Exploit your cores!
If you don’t have Stata-MP, it can be difficult to benefit from all the cores on your computer. However, if your problem can be split up in parts that can run in parallel, it is easy to run multiple instances of Stata. In this note I demonstrate a simple case, using the example of a simulation I wish to run many times.
To do this, you need to write your program to take parameters so that it can be invoked multiple times but produce different results. To avoid having all instances writing to the same log file, the source do-file needs to be renamed or placed in multiple locations. In this example I create subdirectories and place copies there, but you could simply copy the source do-file to numbered copies.
The command-line parameters can include things like a random seed, or other settings that need to differ across runs.
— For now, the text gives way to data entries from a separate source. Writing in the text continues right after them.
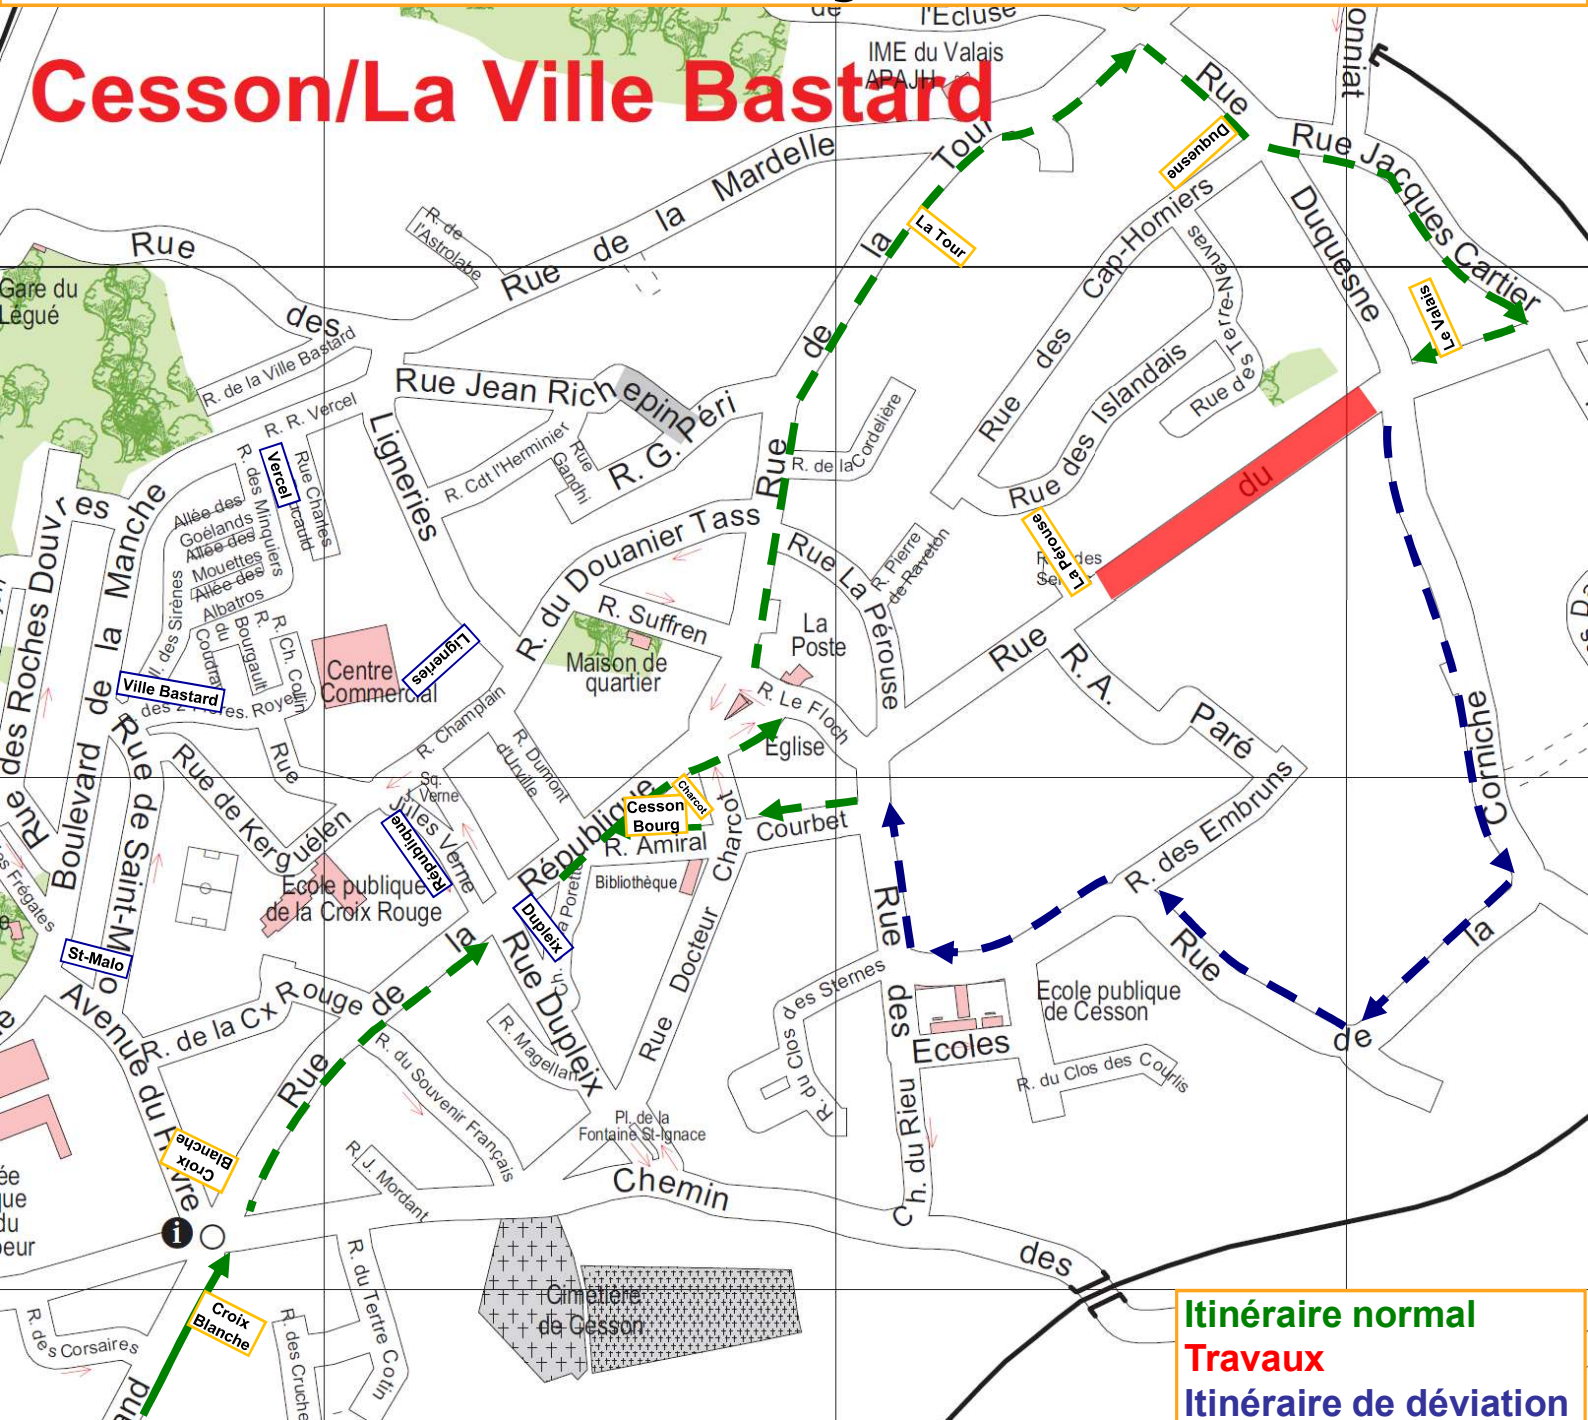

# Ligne E

Du lundi 14 janvier 08h30  
au vendredi 18 janvier 17h30

## Cesson/La Ville Bastard

Itinéraire normal  
Travaux  
Itinéraire de déviation

Arrêt non desservi : La Pérouse.
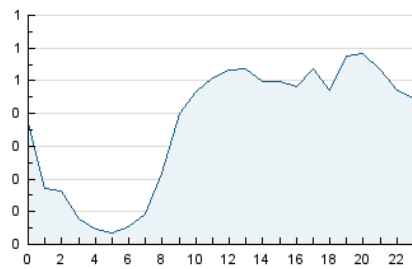

#### 3. Por día del mes (Nacional)

Día	N. únicos	Visitas	Páginas	Día	N. únicos	Visitas	Páginas	Día	N. únicos	Visitas	Páginas
1	257	269	360	11	331	348	538	21	282	298	492
2	216	224	292	12	322	349	540	22	205	218	334
3	287	309	472	13	248	269	450	23	246	263	348
4	260	280	491	14	266	292	462	24	328	350	572
5	228	240	339	15	191	209	342	25	319	339	516
6	196	202	282	16	201	220	295	26	356	378	576
7	217	230	323	17	289	309	411	27	326	353	536
8	190	201	280	18	284	300	466	28	308	328	579
9	259	270	362	19	266	284	452	29	245	264	395
10	290	314	500	20	278	301	477	30	213	223	265
								31	311	333	468

4. Gráficas (Nacional)

4.1 Por día de la semana (promedio)

N. únicos / Visitas (x 100)

Páginas (x 100)

4.2 Por franja horaria (promedio)

Visitas (x 1000)

Páginas (x 1000)

4.3 Por meses
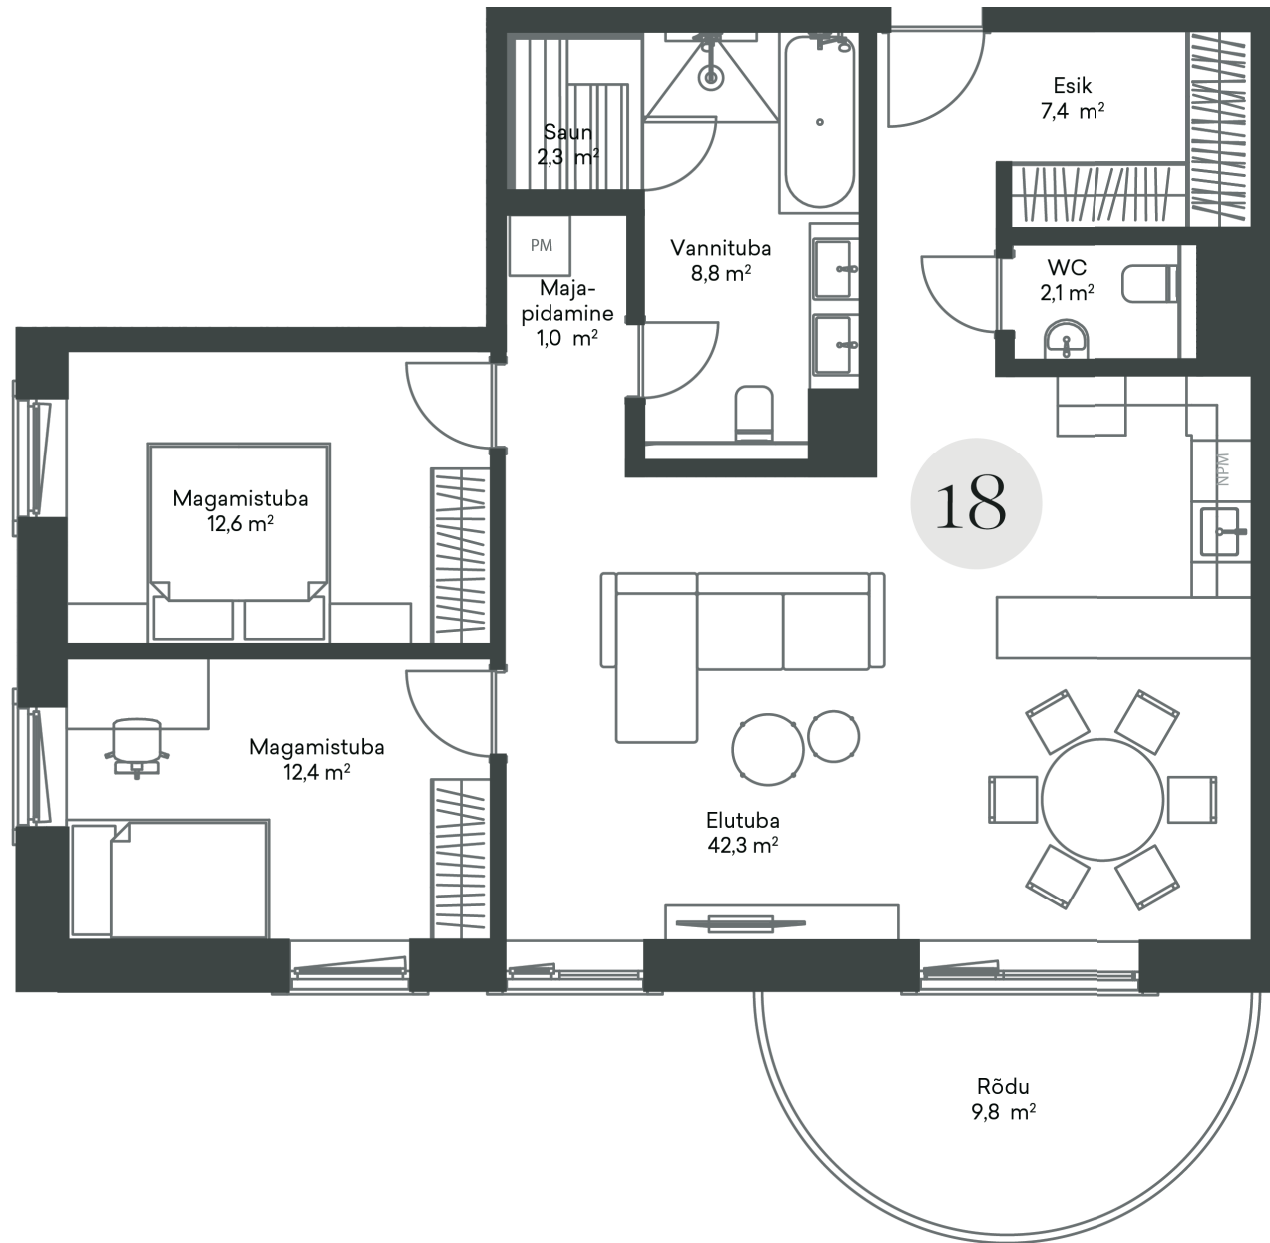

Park Tondi Residentsid

Sõjakooli 1B

B MAJA
3 KORRUS
18 KORTER
88,9 SUURUS m²

Tammsaare tee
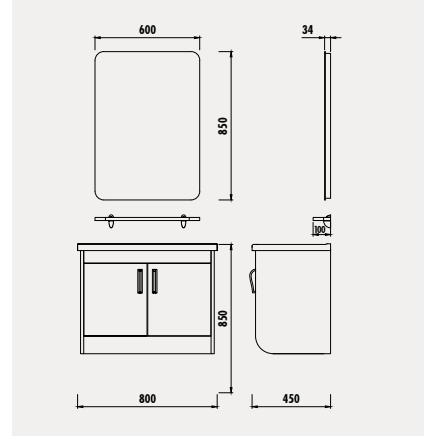

MT0080

Modest 80 cm Alt Modül
(800x850x450 mm) [GxYxD]

MT4080

Modest LED Ayna ve Etajer
(600x870x100 mm) [GxYxD]

Uyumlu Lavabo: 10080 Materyal: Gövde & Kapak: Lake
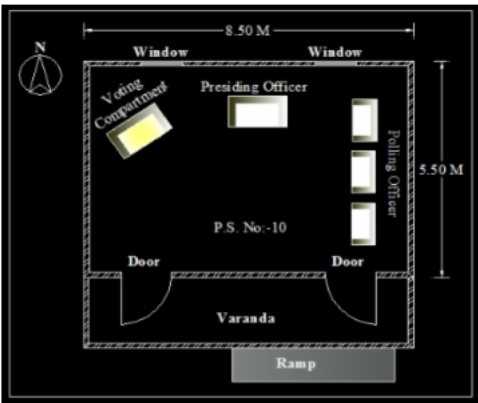

নিৰ্বাচক পঞ্জীয়ন বিষয়াৰ স্বাক্ষৰ

Nazri Naksha

Google Map View

Polling Station Building Front View

ভোটগ্ৰহন কেন্দ্ৰৰ সন্মুখৰ দৃশ্য

Cad View

Key MAP View

1 নাম : কৰবী সোনোৱাল স্বামীৰ নাম: মনজীত সোনোৱাল ঘৰ নং : 2 বয়স : 32 লিঙ্গ : মহিলা	CCY1042848 ফটো উপলব্ধ	# 2 নাম : চান্তী বৰা পিতাৰ নাম: বুদ্ধেশ্বৰ বৰা ঘৰ নং : 34 বয়স : 26 লিঙ্গ : মহিলা	CCY9679960 ফটো উপলব্ধ	# 3 নাম : মলৌবিকা বৰা পিতাৰ নাম: বুদ্ধেশ্বৰ বৰা ঘৰ নং : 34 বয়স : 24 লিঙ্গ : মহিলা	CCY9680133 ফটো উপলব্ধ
4 নাম : ৰেনু প্ৰজা পিতাৰ নাম: চিংৰু প্ৰজা ঘৰ নং : 9 বয়স : 43 লিঙ্গ : মহিলা	CCY0209023 ফটো উপলব্ধ	5 নাম : জেউতি প্ৰজা পিতাৰ নাম: পাও প্ৰজা ঘৰ নং : 9 বয়স : 41 লিঙ্গ : মহিলা	CCY0208231 ফটো উপলব্ধ	6 নাম : সুনিল প্ৰজা পিতাৰ নাম: বাৰেন প্ৰজা ঘৰ নং : 9 বয়স : 38 লিঙ্গ : পুৰুষ	CCY0194332 ফটো উপলব্ধ
7 নাম : মনিকা প্ৰজা মাতৃৰ নাম: লিলমনি প্ৰজা ঘৰ নং : 9 বয়স : 33 লিঙ্গ : মহিলা	CCY0208322 ফটো উপলব্ধ	E 8 নাম : ৰাজু প্ৰজা পিতাৰ নাম: চুকুল প্ৰজা ঘৰ নং : 9 বয়স : 29 লিঙ্গ : পুৰুষ	CCY0196162 ফটো উপলব্ধ	9 নাম : প্ৰমিলা ভেংৰা প্ৰজা পিতাৰ নাম: চুকুল প্ৰজা ঘৰ নং : 9 বয়স : 27 লিঙ্গ : মহিলা	CCY0204370 ফটো উপলব্ধ
E 10 নাম : সোমেশ্বৰ সোনোৱাল পিতাৰ নাম: দলেশ্বৰ সোনোৱাল ঘৰ নং : 5 বয়স : 34 লিঙ্গ : পুৰুষ	CCY1042837 ফটো উপলব্ধ	11 নাম : ৰত্নেশ্বৰ সোনোৱাল পিতাৰ নাম: ঘনকান্ত ঘৰ নং : 8 বয়স : 54 লিঙ্গ : পুৰুষ	CCY0005367 ফটো উপলব্ধ	12 নাম : পমা সোনোৱাল স্বামীৰ নাম: ৰত্নেশ্বৰ ঘৰ নং : 8 বয়স : 49 লিঙ্গ : মহিলা	CCY1034635 ফটো উপলব্ধ
13 নাম : ত্ৰৈলোক্য সোনোৱাল পিতাৰ নাম: ৰত্নেশ্বৰ সোনোৱাল ঘৰ নং : 8 বয়স : 26 লিঙ্গ : পুৰুষ	CCY0193524 ফটো উপলব্ধ	14 নাম : মাকন নেওঁগ স্বামীৰ নাম: টকেশ্বৰ ঘৰ নং : 19 বয়স : 72 লিঙ্গ : মহিলা	CCY1034646 ফটো উপলব্ধ	15 নাম : বুদ্ধেশ্বৰ নেওঁগ পিতাৰ নাম: টকেশ্বৰ ঘৰ নং : 19 বয়স : 56 লিঙ্গ : পুৰুষ	CCY0005368 ফটো উপলব্ধ
16 নাম : বেবী নেওঁগ স্বামীৰ নাম: বুদ্ধেশ্বৰ ঘৰ নং : 19 বয়স : 49 লিঙ্গ : মহিলা	CCY0005369 ফটো উপলব্ধ	17 নাম : দিপিকা সোনোৱাল স্বামীৰ নাম: চিলন সোনোৱাল ঘৰ নং : 19 বয়স : 40 লিঙ্গ : মহিলা	CCY1042815 ফটো উপলব্ধ	18 নাম : দেৱ নেওঁগ পিতাৰ নাম: বুদ্ধেশ্বৰ নেওঁগ ঘৰ নং : 19 বয়স : 26 লিঙ্গ : পুৰুষ	CCY0208512 ফটো উপলব্ধ
19 নাম : মৃগা নেওঁগ পিতাৰ নাম: বুদ্ধেশ্বৰ নেওঁগ ঘৰ নং : 10 বয়স : 24 লিঙ্গ : পুৰুষ	CCY1404466 ফটো উপলব্ধ	20 নাম : হৃদয় নেওঁগ পিতাৰ নাম: বুদ্ধেশ্বৰ নেওঁগ ঘৰ নং : 10 বয়স : 19 লিঙ্গ : পুৰুষ	LES0103499 ফটো উপলব্ধ	21 নাম : নোমল নেওঁগ পিতাৰ নাম: লক্ষীকান্ত নেওঁগ ঘৰ নং : 11 বয়স : 59 লিঙ্গ : পুৰুষ	CCY0005370 ফটো উপলব্ধ
22 নাম : প্ৰতিমা নেওঁগ স্বামীৰ নাম: নোমল নেওঁগ ঘৰ নং : 11 বয়স : 59 লিঙ্গ : মহিলা	CCY0005371 ফটো উপলব্ধ	23 নাম : নবকান্ত নেওঁগ পিতাৰ নাম: নোমল নেওঁগ ঘৰ নং : 11 বয়স : 44 লিঙ্গ : মহিলা	CCY0005372 ফটো উপলব্ধ	24 নাম : ৰাণ নেওঁগ স্বামীৰ নাম: নবকান্ত নেওঁগ ঘৰ নং : 11 বয়স : 41 লিঙ্গ : মহিলা	CCY0005373 ফটো উপলব্ধ
25 নাম : অনিতা সোনোৱাল পিতাৰ নাম: মহেশ্বৰ ঘৰ নং : 11 বয়স : 41 লিঙ্গ : মহিলা	CCY0006001 ফটো উপলব্ধ	26 নাম : গুণেশ্বৰ নেওঁগ পিতাৰ নাম: নোমল নেওঁগ ঘৰ নং : 11 বয়স : 39 লিঙ্গ : পুৰুষ	CCY0005374 ফটো উপলব্ধ	27 নাম : পুনিমা কোৱৰ নেওঁগ স্বামীৰ নাম: গুণেশ্বৰ নেওঁগ ঘৰ নং : 11 বয়স : 36 লিঙ্গ : মহিলা	CCY0201442 ফটো উপলব্ধ
28 নাম : জগত নেওঁগ পিতাৰ নাম: নিমল নেওঁগ ঘৰ নং : 11 বয়স : 34 লিঙ্গ : পুৰুষ	CCY0201244 ফটো উপলব্ধ	29 নাম : আইটি চুৰা নেওঁগ স্বামীৰ নাম: জগত নেওঁগ ঘৰ নং : 11 বয়স : 27 লিঙ্গ : মহিলা	CCY0204420 ফটো উপলব্ধ	30 নাম : ৰজনীকান্ত নেওঁগ পিতাৰ নাম: মদন নেওঁগ ঘৰ নং : 11 বয়স : 23 লিঙ্গ : পুৰুষ	CCY1372614 ফটো উপলব্ধ
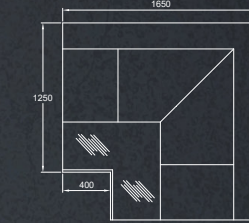

SARDUNYA MC İK-90 125 KASA
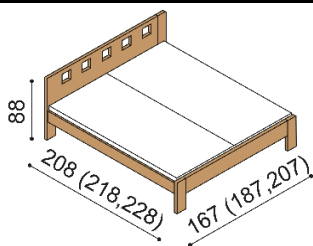

Postel DALILA vyrábíme také v délkách 210 a 220 cm s příplatkem BUK **1 880,-Kč** DUB **2 330,-Kč**. U postele **DALILA LUX** jsou čela v tloušťce 40 mm a bočnice v tloušťce 25 mm. U postele DALILA jsou čela a bočnice v tloušťce 25 mm a nohy postele v tloušťce 40 mm. Kování pro uložení roštu je výškově nastavitelné. Výška po horní hranu bočnice je 41 cm. Lehací plocha je závislá na výšce matrace. Do postele DALILA je možné vložit úložný prostor MAX nebo úložný prostor závěsný. Horní pláty komod u řady DALILA LUX jsou silné 40 mm, u řady DALILA 25 mm.

Postel DALILA LUX

dvoulůžko

rozměr	BUK	DUB RUSTIK
160x200 cm	27 900,-	32 360,-
180x200 cm	29 000,-	33 590,-
200x200 cm	30 000,-	34 780,-

Postel DALILA

dvoulůžko, čelo nízké

rozměr	BUK	DUB RUSTIK
160x200 cm	20 340,-	23 520,-
180x200 cm	21 010,-	24 310,-
200x200 cm	21 720,-	25 130,-

Postel DALILA

dvoulůžko, čelo vysoké, čtvercové otvory

rozměr	BUK	DUB RUSTIK
160x200 cm	23 670,-	27 390,-
180x200 cm	24 540,-	28 380,-
200x200 cm	25 390,-	29 420,-

Postel DALILA

jednolůžko, čelo nízké

rozměr	BUK	DUB RUSTIK
90x200 cm	17 470,-	19 640,-
100x200 cm	17 840,-	20 040,-
120x200 cm	18 530,-	20 860,-
140x200 cm	19 110,-	21 650,-

dvoulůžko, čelo vysoké, obdélníkové otvory

rozměr	BUK	DUB RUSTIK
160x200 cm	23 670,-	27 390,-
180x200 cm	24 540,-	28 380,-
200x200 cm	25 390,-	29 420,-

Police DALILA

- síla police 25 mm

rozměr	BUK	DUB RUSTIK
94 cm	4 080,-	4 730,-
147 cm	4 910,-	5 730,-

I present a pretty simple example simulation: given a true ranking that is based on a true continuous score variable, what does measurement error in the ranking look like if there is measurement in the score variable? I simulate 100 cases, calculating their true rank from the true score (a standard normal random variable), and then a second rank based on the score with a certain amount of random-normal error added (a normal random variable, mean zero, standard deviation given by a parameter). My summary statistic for each replication is the mean across the 100 cases of the absolute difference between the ranks; I store this in a .dta
file using Stata’s postfile
framework. For each value of the error parameter (a list between 0.01 and 1), I want, say, 10,000 replications. On my desktop, I have 8 cores, so we can run 8 times 1,250 replications at once.
To set the 8 instances running, I have written a little unix shell-script. Stata could also be used to carry out this task, or a DOS .bat
file.
for a in {1..8}; do mkdir -p run$a cp -p ranktest_mp.do run${a}/ ( cd run$a && stata -b do ranktest_mp "$RANDOM 1250" ) & done
This creates the 8 required subdirectories (mkdir -p
will not trigger an error if they already exist), and copies the ranktest_mp.do
file to each one. The commands in parentheses change directory to each subdirectory and invoke Stata on the file, passing as a single string two parameters, one the random seed (using the Bash built-in RANDOM
environment variable) and the number of replications each instance is to do. The “&” at the end makes these run in the background, and means the eight runs will be triggered in parallel.
The code in the do-file begins by accessing the command line parameters, setting up the postfile, and setting (and displaying, for the record) the random seed
// Take arguments from the command line args seed replications // Open a file to post the results to postfile pf error meandiff using ranktest, every(10) set seed `seed' di "Seed: `c(seed)'"
We then have a pair of loops, the outer one repeating as many times as the replications
parameter, and the inner one repeating the calculation for a number of levels of measurement error. At the end of each inner loop, the results (both the error parameter and the summary statistic) are posted to the postfile
. When the outer loop terminates, the postfile is closed.
// for each error level, run many simulations forvalues x = 1/`replications' { foreach error of numlist 0.01 0.05 0.1 0.2 0.5 1.0 { clear set obs 100 gen score = rnormal() sort score gen rank = _n gen score2 = score + rnormal(0,`error') sort score2 gen rank2 = _n gen absdiff = abs(rank - rank2) qui su absdiff post pf (`error') (`r(mean)') } } postclose pf
At the end we need to gather the results and report a summary. We have 8 subdirectories each containing a file =ranktest.dta=. This is easily done:
use run1/ranktest gen run = 1 forvalues x = 2/8 { append using run`x'/ranktest replace run = `x' if missing(run) } graph box meandiff, over(error)
Timing
You can play around with using different numbers of cores. In my experience the more cores you use the less the additional improvement (so for instance, 8 cores are not twice as fast as 4) but still the more cores used the less time taken overall. One way to capture the time info on Unix is to wrap the Stata invocation in the time
command:
for a in {1..8}; do mkdir -p run$a cp -p ranktest_mp.do run${a}/ ( cd run$a && time stata -b do ranktest_mp "$RANDOM 1250" ) & done
Alternatively use Stata’s timer
command.
Summary
When you have a simply parallelisable problem (like a simulation) it’s easy to split and run it over multiple cores. The key trick is to make multiple copies of the do-file and to pass parameters to it.
Hi Brendan,
This example has been very helpful for me. I am running a simulation on Stata and would like to use all cores (the model fits I am using have not been parallelized in Stata/MP).
You have written the little unix shell-script and say Stata could also be used to carry out this task, or a DOS .bat file. Do you have an example of how this code could be written Stata or a DOS .bat file to run the Stata instances in parallel? I am struggling to translate the unix shell script as a non-unix user.
Jane
Hi Jane,
The main code translated to Stata might look something like this, in part:
forvalues x = 1/8 {
mkdir run`x’
copy ranktest_mp.do run`x’/
cd run`x’
winexec stata -b do ranktest_mp “`=runiformint(0,99999)’ 1250”
cd ..
}
I don’t have access to Stata for Windows at the moment, so I can’t test it, and I am not 100% sure winexec will behave.